__How to complete this task__. Leave out the pictures, and retype the remaining data exactly.

Dataset items:
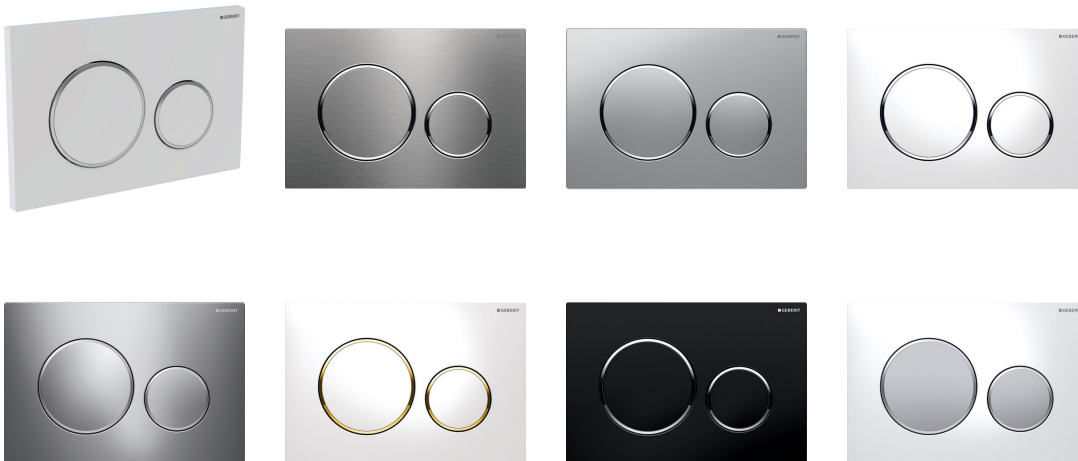

Geberit betjeningsplade Sigma20, til dobbeltskyl

Anvendelser

- Til aktivering af skyl på Geberit Sigma indbygningscisterner

Egenskaber

- Front betjening
- Trykstænger lydisoleret, hurtigindstilling uden værktøj

Tekniske data

Betjeningskraft | < 20 N

Leverancens indhold

- Montageramme
- 2 afstandsbolte
- 2 trykstænger

Varenr.	VVS nr.	Overflade / farve	Materiale	B	H	T
115.882.KH.1	617080154	Plade og knapper: blankforkromet Designringe: matforkromet	Plast	24.6 cm	16.4 cm	1.5 cm
115.882.KJ.1	617080150	Plade og knapper: hvid Designringe: blankforkromet	Plast	24.6 cm	16.4 cm	1.5 cm
115.882.KK.1	617080159	Plade og knapper: hvid Designringe: forgyldt	Plast	24.6 cm	16.4 cm	1.5 cm
115.882.KL.1	617080160	Plade: forkromet Designringe og knapper: matforkromet	Plast	24.6 cm	16.4 cm	1.5 cm
115.882.KM.1	617080151	Plade og knapper: sort Designringe: blankforkromet	Plast	24.6 cm	16.4 cm	1.5 cm
115.882.KN.1	617080164	Plade og knapper: matforkromet Designringe: blankforkromet	Plast	24.6 cm	16.4 cm	1.5 cm
115.882.SN.1	617080161	Plade og knapper: børstet, easy-to-clean-belagt Designringe: poleret	Rustfrit stål	24.6 cm	16.4 cm	1.5 cm

Tilbehør

- Indsats til Geberit DuoFresh Stick, til Sigma indbygningcisterne 12 cm
- Geberit forlængersæt, til Sigma, Omega og Kappa indbygningcisterner

__Response to the exercise__.
Geberit betjeningsplade Sigma20, til dobbeltskyl

Anvendelser

- Til aktivering af skyl på Geberit Sigma indbygningscisterner

Egenskaber

- Front betjening
- Trykstænger lydisoleret, hurtigindstilling uden værktøj

Tekniske data

Betjeningskraft | < 20 N

Leverancens indhold

- Montageramme
- 2 afstandsbolte
- 2 trykstænger

Varenr.	VVS nr.	Overflade / farve	Materiale	B	H	T
115.882.KH.1	617080154	Plade og knapper: blankforkromet Designringe: matforkromet	Plast	24.6 cm	16.4 cm	1.5 cm
115.882.KJ.1	617080150	Plade og knapper: hvid Designringe: blankforkromet	Plast	24.6 cm	16.4 cm	1.5 cm
115.882.KK.1	617080159	Plade og knapper: hvid Designringe: forgyldt	Plast	24.6 cm	16.4 cm	1.5 cm
115.882.KL.1	617080160	Plade: forkromet Designringe og knapper: matforkromet	Plast	24.6 cm	16.4 cm	1.5 cm
115.882.KM.1	617080151	Plade og knapper: sort Designringe: blankforkromet	Plast	24.6 cm	16.4 cm	1.5 cm
115.882.KN.1	617080164	Plade og knapper: matforkromet Designringe: blankforkromet	Plast	24.6 cm	16.4 cm	1.5 cm
115.882.SN.1	617080161	Plade og knapper: børstet, easy-to-clean-belagt Designringe: poleret	Rustfrit stål	24.6 cm	16.4 cm	1.5 cm

Tilbehør

- Indsats til Geberit DuoFresh Stick, til Sigma indbygningcisterne 12 cm
- Geberit forlængersæt, til Sigma, Omega og Kappa indbygningcisterner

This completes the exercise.